== WORK TO COMPLETE ==
Retype, exactly and only, each line from the one containing "cod. FBS7515 ( Paneele mit 16mm )" to the end of the records below.

== LISTED RECORDS ==
- - - -
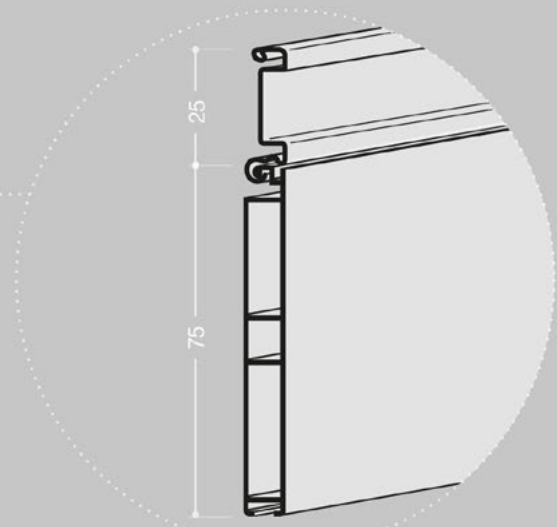

## BM3 | Maxi BoxMilano

PROFIL OBEN

cod. FBS7518 ( Paneele von 18 - 19 mm )  
cod. FBS7515 ( Paneele mit 16mm )

FÜHRUNGSPROFIL

cod. FBS7519 ( Paneele von 18 - 19 mm )  
cod. FBS7516 ( Paneele mit 16mm )

PROFIL MIT GRIFF

cod. FBS7512 + FBS2010 ( Griff )

Abmessungen in mm

PLATTENSTÄRKE	16 / 18 / 19 mm
INNENABMESSUNGEN WICKELVORRICHTUNG	430 x 134 mm
REGALRÜCKSTAND	50 mm
- - - -
== RESPONSE BOX ==
cod. FBS7515 ( Paneele mit 16mm )

FÜHRUNGSPROFIL

cod. FBS7519 ( Paneele von 18 - 19 mm )  
cod. FBS7516 ( Paneele mit 16mm )

PROFIL MIT GRIFF

cod. FBS7512 + FBS2010 ( Griff )

Abmessungen in mm

PLATTENSTÄRKE	16 / 18 / 19 mm
INNENABMESSUNGEN WICKELVORRICHTUNG	430 x 134 mm
REGALRÜCKSTAND	50 mm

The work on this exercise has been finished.